BEGIN

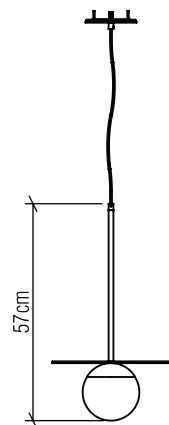

1463

E-27

Nome do Projeto:

Data:

Linha: Orbit

Família: Pendente

Descrição: Pendente Accord Orbit 1463

Especificador(a)/Cliente:

Material: Lâmina Natural de Madeira MDF aço inox, Globo de vidro

Peso:

1x 25W (Max.) Fluorescente ou LED Lâmpada não inclusa

Temperatura de Cor: De acordo com a lâmpada

CRI: De acordo com a lâmpada

Fluxo Luminoso: De acordo com a lâmpada

Lumens Entregue: De acordo com a lâmpada

Potência Total: De acordo com a lâmpada

Tensão de Entrada: 110V ou 220V

Frequência de Entrada: 60 Hz

Isolamento: Classe II

Limite Ajuste de Altura: 160cm/63in

OPÇÕES DE ACABAMENTO
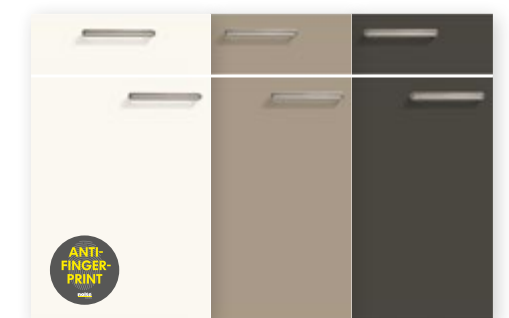

VELLUTO

Blanco mate Lava mate Grafito mate
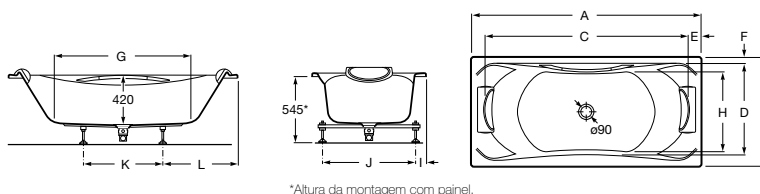

BeCool dois lugares

A	B	C	D	E	F	G	H	I	J	K	L	Litr.¹
1900	1100	1685	980	107,5	60	1230	830	85	930	700	600	335
1800	900	1585	800	107,5	50	1130	650	85	730	620	590	255

¹ Litros até à válvula de segurança.

END

Could you output the lines above exactly, with no pictures included?

- [Written solution]:
1463

E-27

Nome do Projeto:

Data:

Linha: Orbit

Família: Pendente

Descrição: Pendente Accord Orbit 1463

Especificador(a)/Cliente:

Material: Lâmina Natural de Madeira MDF aço inox, Globo de vidro

Peso:

1x 25W (Max.) Fluorescente ou LED Lâmpada não inclusa

Temperatura de Cor: De acordo com a lâmpada

CRI: De acordo com a lâmpada

Fluxo Luminoso: De acordo com a lâmpada

Lumens Entregue: De acordo com a lâmpada

Potência Total: De acordo com a lâmpada

Tensão de Entrada: 110V ou 220V

Frequência de Entrada: 60 Hz

Isolamento: Classe II

Limite Ajuste de Altura: 160cm/63in

OPÇÕES DE ACABAMENTO

VELLUTO

Blanco mate Lava mate Grafito mate

BeCool dois lugares

A	B	C	D	E	F	G	H	I	J	K	L	Litr.¹
1900	1100	1685	980	107,5	60	1230	830	85	930	700	600	335
1800	900	1585	800	107,5	50	1130	650	85	730	620	590	255

¹ Litros até à válvula de segurança.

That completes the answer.